Wow, I'm impressed... :bow: :bow:

How do I make one?

I need one like now so I can impress the guys at work ;D ;D

Nice job Ken..


----------



## George_Race (May 27, 2012)

Hi Ken, great job! I just hope I can be as successful as you have been with your project.

George


----------



## Ken I (May 29, 2012)

O.K. for those of you who may be interested I have finished all the documentation and drawings.







I've loaded it in the downloads section as a *.zip file containing the drawings as *.dwg, *.dxf & a single sheet *.pdf plus a *.doc file of the build notes.

Have fun but they'll cost you a KP point - and that's free.

Regards,
        Ken


----------



## arnoldb (May 29, 2012)

:bow: Well done Ken 

And properly celebrated as well ;D

Kind regards, Arnold


----------



## bearcar1 (May 29, 2012)

Truly a bargain at twice the price, Ken,' I applaud you. Well done and thank you very much. 

Jim 
BC1


----------



## Herbiev (May 29, 2012)

Well done Ken. It appears larger than i thought when compared to the bottle of local brew. Nice speed too :bow:


----------



## tel (May 30, 2012)

Got 'em thanks Ken - KP paid in full!


----------



## Ken I (May 30, 2012)

Postscript - Heads Up

I have been refining the balance by adding a dab of laquer to any repetetive high point when it stops at night - this is fine tuning to milligrams - and its easy given that the rotation is near frictionless.

However.......

This morning I noted that it is significantly more out of balance than it was yesterday and I have come to the conclusion that it is the result of either differntial curing of the lacquer or the wooden armature changing shape in response to changes in relative humidity.

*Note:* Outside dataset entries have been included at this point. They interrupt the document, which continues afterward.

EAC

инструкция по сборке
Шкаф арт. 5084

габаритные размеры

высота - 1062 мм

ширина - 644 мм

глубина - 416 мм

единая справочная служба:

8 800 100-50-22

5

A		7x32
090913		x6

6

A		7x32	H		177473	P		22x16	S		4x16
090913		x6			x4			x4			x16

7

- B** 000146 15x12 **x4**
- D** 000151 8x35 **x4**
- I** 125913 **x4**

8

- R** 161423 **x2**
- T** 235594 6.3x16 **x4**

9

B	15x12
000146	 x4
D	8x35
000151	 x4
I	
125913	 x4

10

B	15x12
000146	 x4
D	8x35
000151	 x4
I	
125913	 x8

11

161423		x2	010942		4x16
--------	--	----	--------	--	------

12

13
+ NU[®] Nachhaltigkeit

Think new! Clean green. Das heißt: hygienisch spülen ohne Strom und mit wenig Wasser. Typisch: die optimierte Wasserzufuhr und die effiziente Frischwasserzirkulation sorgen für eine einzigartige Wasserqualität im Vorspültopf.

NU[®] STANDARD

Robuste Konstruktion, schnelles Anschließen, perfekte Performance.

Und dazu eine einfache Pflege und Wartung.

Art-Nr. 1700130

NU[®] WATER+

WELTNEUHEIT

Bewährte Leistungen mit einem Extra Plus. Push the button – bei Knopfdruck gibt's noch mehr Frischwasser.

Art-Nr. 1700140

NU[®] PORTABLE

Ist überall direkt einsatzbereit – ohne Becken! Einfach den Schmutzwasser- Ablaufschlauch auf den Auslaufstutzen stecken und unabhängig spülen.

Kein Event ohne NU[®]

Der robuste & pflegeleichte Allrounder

I suspect the latter - bugger !

So if you are contemplating building this then make the armature out of stable materials (definitely not wood) - I am going to redo mine in acrylic (remember I ballsed up the wind in any case so this is the clincher).

A niggly point to be sure but if you want it to turn dead slow in low light conditions then this has to be right.

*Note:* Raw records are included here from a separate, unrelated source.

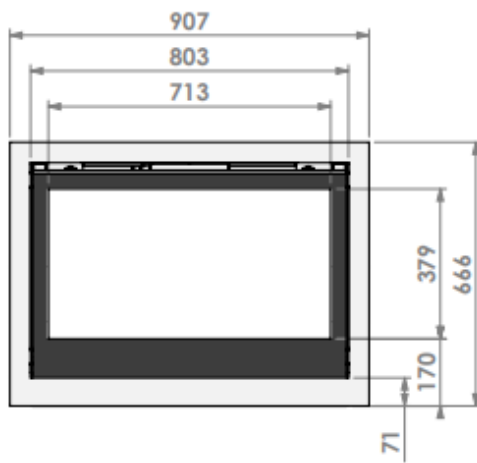

klassiek kader 52mm
classic frame 52mm
cadre classique 52mm
klassischer Rahmen 52mm

belfires

Barbas Bellfires B.V.
Hallenstraat 17
5531 AB Bladel
The Netherlands
www.barbasbellfires.com

Smart Bell 80-60

Modifications reserved

Scale: 1:15
Unit: mm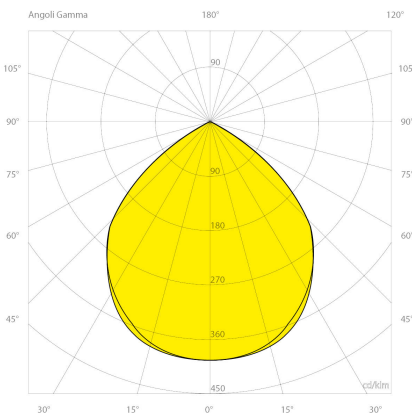

Sonstige technische Daten

Umgebungstemperatur: -25 / +45 °C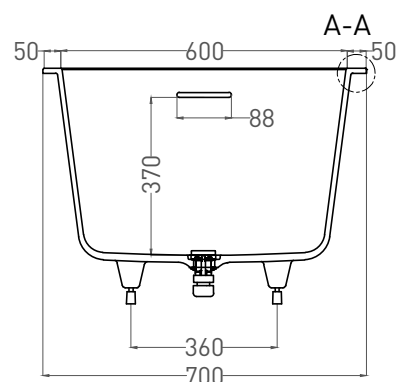

ORLANDA KIT 160x70

ВАННА ВСТРАИВАЕМАЯ 102125M

Дизайн: Salini SRL

salini
L'ANIMA DELL'ACQUA

Размеры: 1600 x 700 x 590 / 610 мм

Вес нетто / брутто: 57 / 108 кг

Объём до перелива: 237 л

Глубина до перелива: 370 мм

Материал: S-Stone

Покрытие: матовое

Цвет: RAL / белый

Комплектация: интегрированный слив-перелив, сифон, донный клапан Up&Down в цвет изделия с логотипом Salini, регулируемые ножки до 2 см

Требуемый смеситель: настенный / напольный

Гарантия: 5 лет

Производство: Италия / Россия

Salini SRL

20122 Italia, Milano, Largo Ildefonso Schuster, 1

info@salini-srl.com

www.salini-srl.com

© Salini SRL - All rights reserved

Все права защищены. Несанкционированное копирование, публикация, полное или частичное воспроизведение запрещены.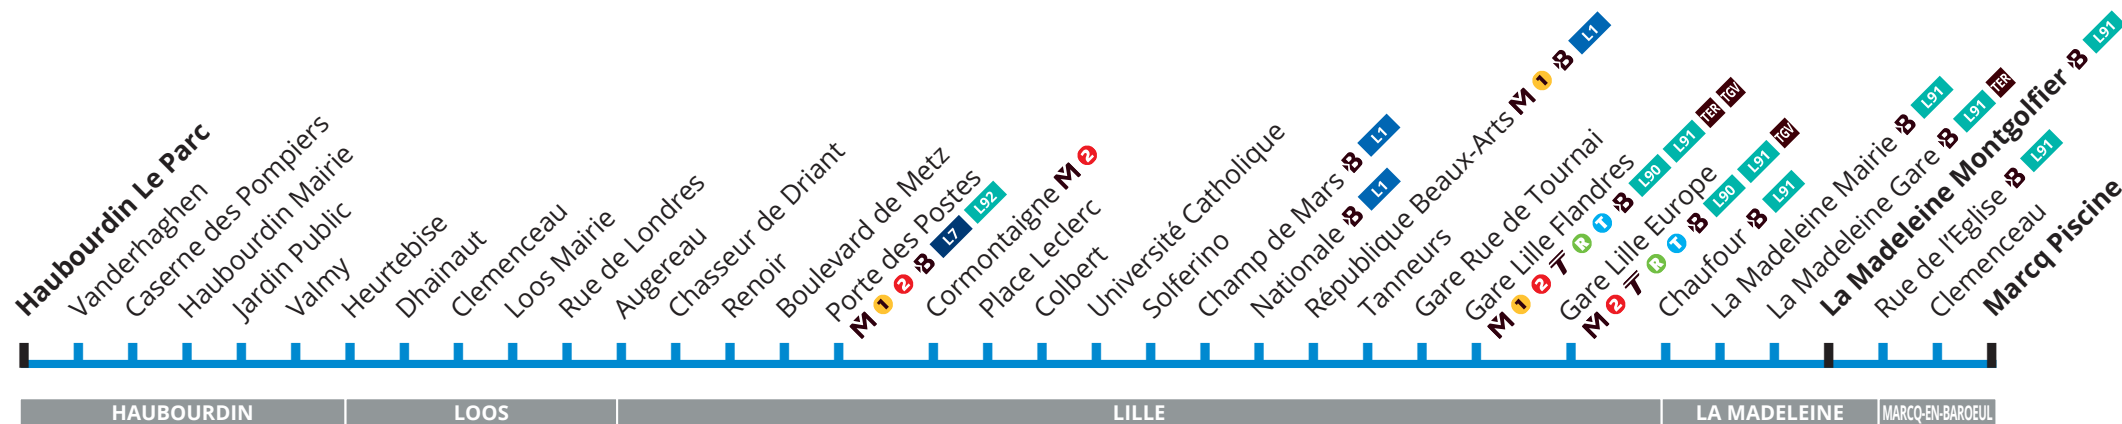

CORRESPONDANCES

 Métro ligne 1 / 2
  Tramway Roubaix / Tourcoing
  Liège
  TER TGV SNCF

CORRESPONDANCES

M 1 2 Métro ligne 1 / 2 T R T Tramway Roubaix / Tourcoing B L1 L7 L90 L91 L92 Liane TER TGV SNCF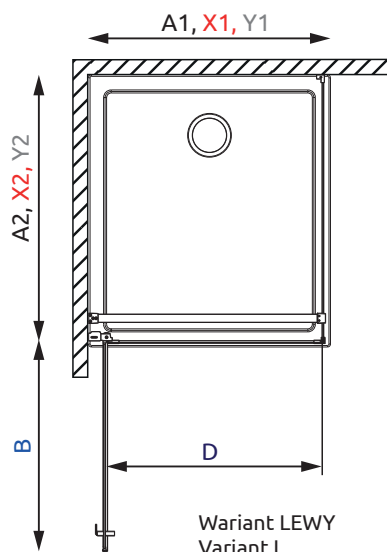

Wariant LEWY  
Variant L

Wariant PRAWY  
Variant R

### KDJ I DRZWI / KDJ I DOOR

Drzwi	A1	X1	Y1	B	D	H
KDJ I Drzwi 80	800	775-790	770-785	696	696	2000
KDJ I Drzwi 90	900	875-890	870-885	796	796	2000
KDJ I Drzwi 100	1000	975-990	970-985	896	896	2000

### ŚCIANKA S1 / SIDEWALL S1

Ścianka	A2	X2	Y2
S1 70	700	675-690	670-685
S1 75	750	725-740	720-735
S1 80	800	775-790	770-785
S1 90	900	875-890	870-885
S1100	1000	975-990	970-985

Wariant LEWY  
Variant L

Wariant PRAWY  
Variant R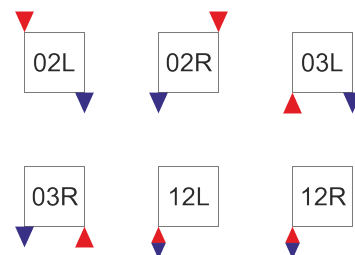

Připojení (standardní)

Radius Inox je lehce prohnutý koupelnový radiátor, který je vyroben z nerezové oceli (AISI 316L). Dva svislé moderní kulaté profily Ø40 mm, do kterých jsou podélně zapuštěny lehce prohnuté trubky Ø20 mm tvoří klasický tvar žebříku. Díky kulatým profilům a povrchu dodá radiátor koupelně luxusní vzhled a zároveň prostřednictvím prohnutí vnitřních trubek nabídne více prostoru pro odkládání textilií na sušení. Radiátor se vyrábí v České republice, svařuje se ručně bez přidaného materiálu. Snadno se udržuje a má dlouhou životnost. Každý radiátor je možné doplnit o další funkční prvky - např. držáky, věšáky, madla na ručníky aj. Vhodným doplňkem jsou nerezové krycí čepičky ve stejném průměru jako profil, které efektně schovávají vrchní zátku a odvětrávací ventil při zachování funkčnosti. Tip: Radiátor lze používat v prostorech, kde je zvýšená vlhkost. Vhodné využití najde v saunách, tělocvičnách či u bazénu. Součástí dodávky je montážní sada k radiátoru, která obsahuje 4x držáky na stěnu z nerez, 4x hmoždinky a šrouby (pro uchycení do plného zdiva), 1x zátka a 1/2" odvětrávací ventil. Ostatní příslušenství a ventily nejsou v ceně, lze je doobjednat k radiátoru zvlášť dle potřeby a použití.

Veškeré údaje uvedené v tomto základním ceníku odpovídají informacím, které byly k dispozici v době tisku. Uvedené ceny jsou orientační, nezahrnují žádné příplatky (např. za způsob připojení, jiné barvy, atp.), jsou bez DPH a dopravy. U objednávek nad 5000 Kč poskytujeme přepravu v rámci ČR zdarma. Tiskové chyby, technické a jiné změny jsou vyhrazeny. Aktuální informace o radiátorech, ventilech a příslušenství naleznete vždy na www.laurens.cz. V případě dotazů kontaktujte naše Radiátorová Studia telefonicky na výše uvedených číslech nebo e-mailem.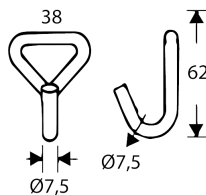

Ref. 0905006

Roquete Con Cinta De 35 MM Y 6 Metros Con Gancho Cerrado - FIELD

DESCRIPCIÓN:

- Roquete con cinta de 35 mm x 6 m, gancho cerrado;

CARACTERÍSTICAS:

- Roquete con cinta 100% poliéster;

- 35 mm x 6 m;

- Gancho doble cerrado;

MARCA: FIELD

Normas:

CE

EN 12195-2-2001

Datos del Producto:

Tallas	-
Embalaje	25 Unidad(s) por Cartão
Material	Poliéster
Tipo	Roquetes
Versión Ficha técnica	0905006.25032026/V4

LC1000daN
(BS2000)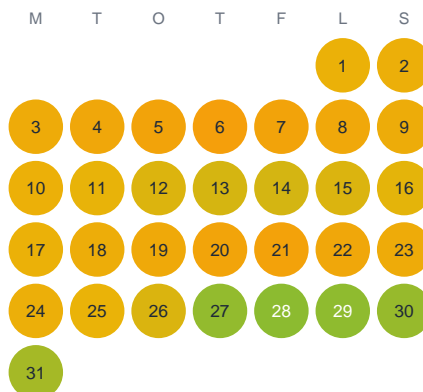

Huggtabell 2026 — Noret

Noret · Västerbotten · huggtabell.se · modell v1 (2026-06)

Januari

Februari

Mars

April

Maj

Juni

Juli

Augusti

September

Oktober

November

December

Hope I haven't caused anyone any grief yet.

Regards,
      Ken

PPS Thanks for the KP's


----------



## rhitee93 (May 30, 2012)

I am happy to push you over 60 KP for this one. Many thanks :bow:


----------



## Ken I (May 31, 2012)

WRT my earlier comments about remaking it in acrylic, I am going to add some M2 holes for the addition of balancing screws & weights which will be prettier than lacquered in lumps of solder - hopefully the bulk of the balancing weights will be attatched to the centre piece out of sight. Fine tuning will be by adding cheeseheads & washers or grub screws to these balance points.

I will post these amendments in due course but don't expect it for a week or two. The attatched photo might explain what I'm getting at.

I also have no idea what possesed me to paint the existing armature yellow. Too many Windhoeks perhaps.

In the meantime I see over 100 downloads in little over a day - seems to be attracting a bit of interest.

Ken


----------



## boatmadman (May 31, 2012)

I am in the process of an acrylic version, first attempt at the rotor failed, only because I went for 23mm sq acrylic for 21 mm wide panels which didnt leave enough 'meat' for windings.

Next version I will be using 3 acrylic plates machined for the panels.

Regarding balancing, Ken, your idea for small screws in the centre piece is good. However, from a practical perspective, once the rotor is assembled and I have established the need for balancing, how do I get the screws into the center piece? Is it a case of going in through one end with a long screw driver?

Ian


----------



## Ken I (May 31, 2012)

That's what the semi-circular cut-outs are for - to be sure its going to be a fiddly job.

Stainless AC screws should help here (make sure they are non-magnetic) otherwise use brass cheeseheds.

Get your gross balance by trial and error with modeling clay - replace with screws and washers (or turned bosses).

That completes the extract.